• _Listed records_:
- - -
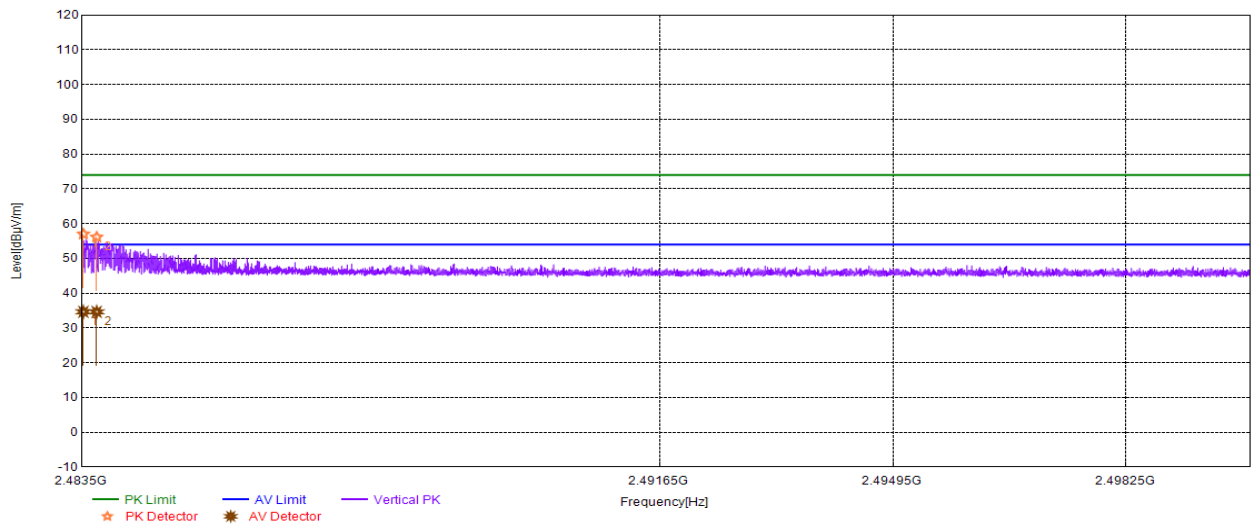

Mode:	3DH5-2402	Voltage:	DC 3.7V
-------	-----------	----------	---------

**Test Graph**

PK Final Data List								
NO.	Freq. [MHz]	PK Reading [dBµV/m]	Level [dBµV/m]	Factor [dB/m]	Limit [dBµV/m]	Margin [dB]	Polarity	Verdict
1	2384.34	66.89	49.01	-17.88	74.00	24.99	Vertical	PASS
2	2389.36	65.85	48.24	-17.61	74.00	25.76	Vertical	PASS

Mode:	3DH5-2480	Voltage:	DC 3.7V
-------	-----------	----------	---------

**Test Graph**

PK Final Data List								
NO.	Freq. [MHz]	PK Reading [dBµV/m]	Level [dBµV/m]	Factor [dB/m]	Limit [dBµV/m]	Margin [dB]	Polarity	Verdict
1	2483.50	67.97	49.95	-18.02	74.00	24.05	Horizontal	PASS
2	2483.90	66.27	48.15	-18.12	74.00	25.85	Horizontal	PASS

Mode:	3DH5-2480	Voltage:	DC 3.7V
-------	-----------	----------	---------

**Test Graph**

PK Final Data List								
NO.	Freq. [MHz]	PK Reading [dBµV/m]	Factor [dB/m]	PK Value [dBµV/m]	PK Limit [dBµV/m]	PK Margin [dB]	Polarity	Verdict
1	2483.52	75.05	-18.03	57.02	74.00	16.98	Vertical	PASS
2	2483.71	74.23	-18.08	56.15	74.00	17.85	Vertical	PASS
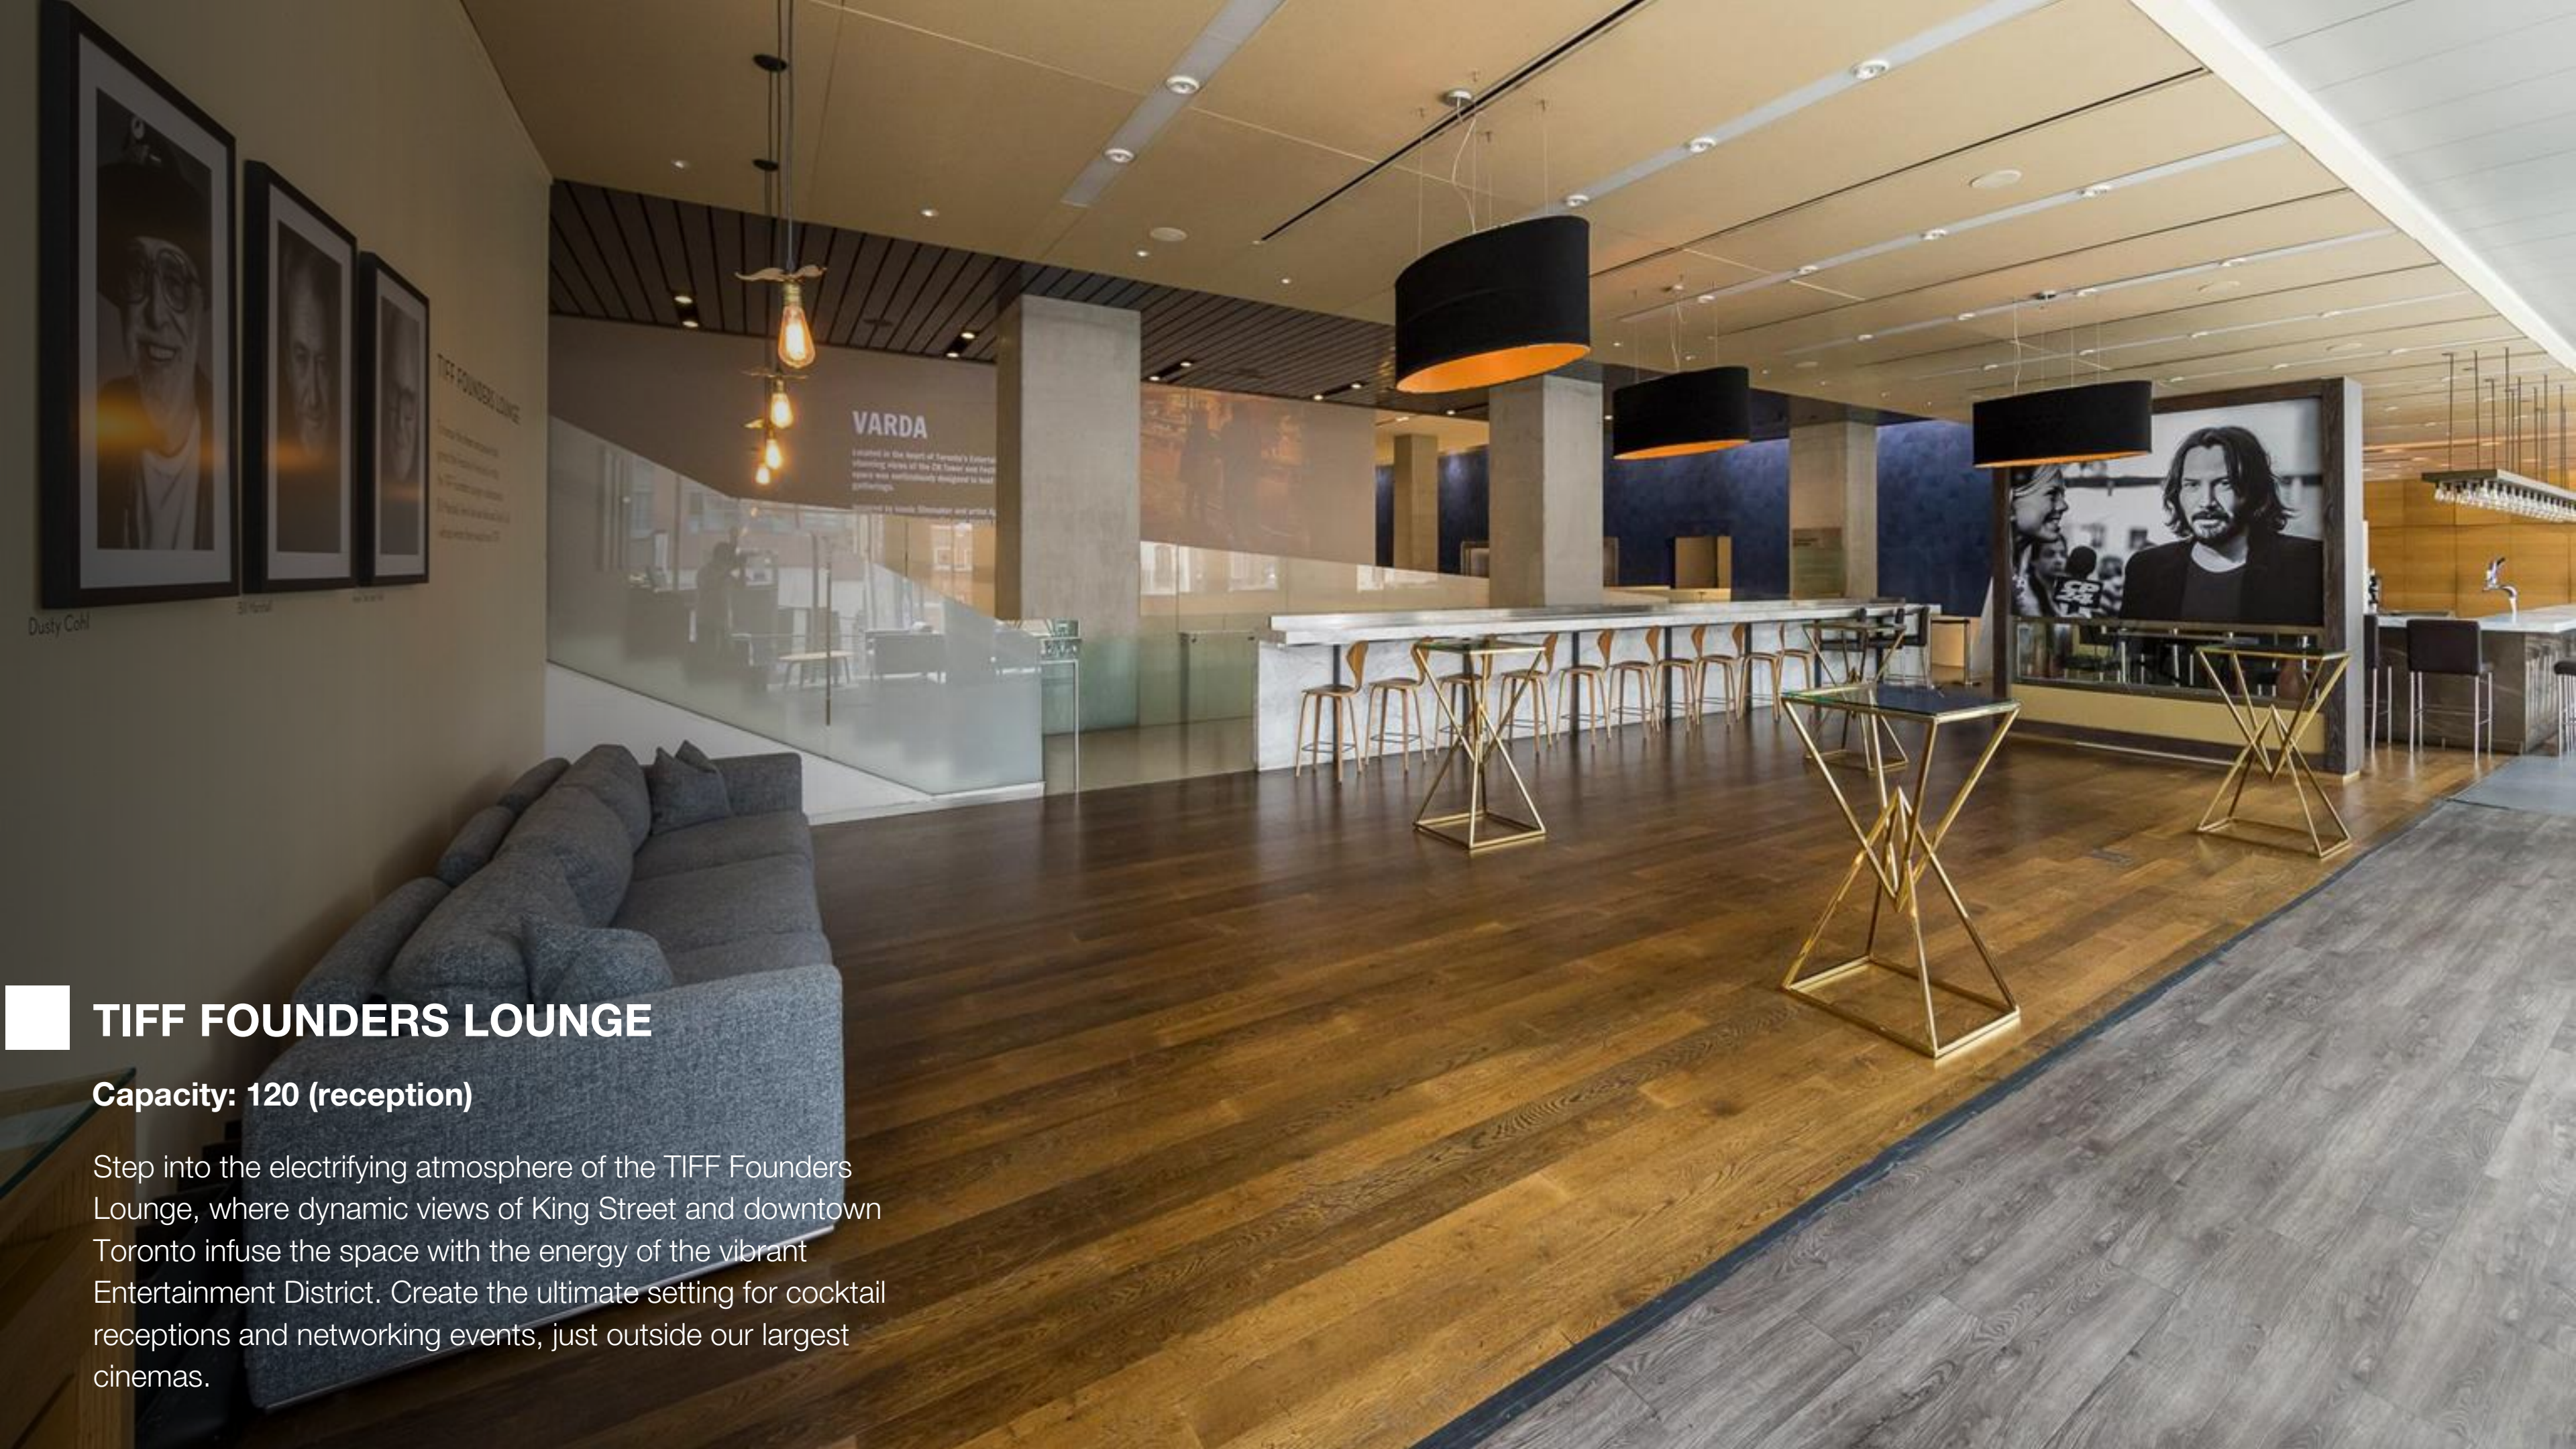

TIFF FOUNDERS LOUNGE

Capacity: 120 (reception)

Step into the electrifying atmosphere of the TIFF Founders Lounge, where dynamic views of King Street and downtown Toronto infuse the space with the energy of the vibrant Entertainment District. Create the ultimate setting for cocktail receptions and networking events, just outside our largest cinemas.
- - -
Where a line above contains the word "TIFF", copy that line.

TIFF FOUNDERS LOUNGE
Step into the electrifying atmosphere of the TIFF Founders Lounge, where dynamic views of King Street and downtown Toronto infuse the space with the energy of the vibrant Entertainment District. Create the ultimate setting for cocktail receptions and networking events, just outside our largest cinemas.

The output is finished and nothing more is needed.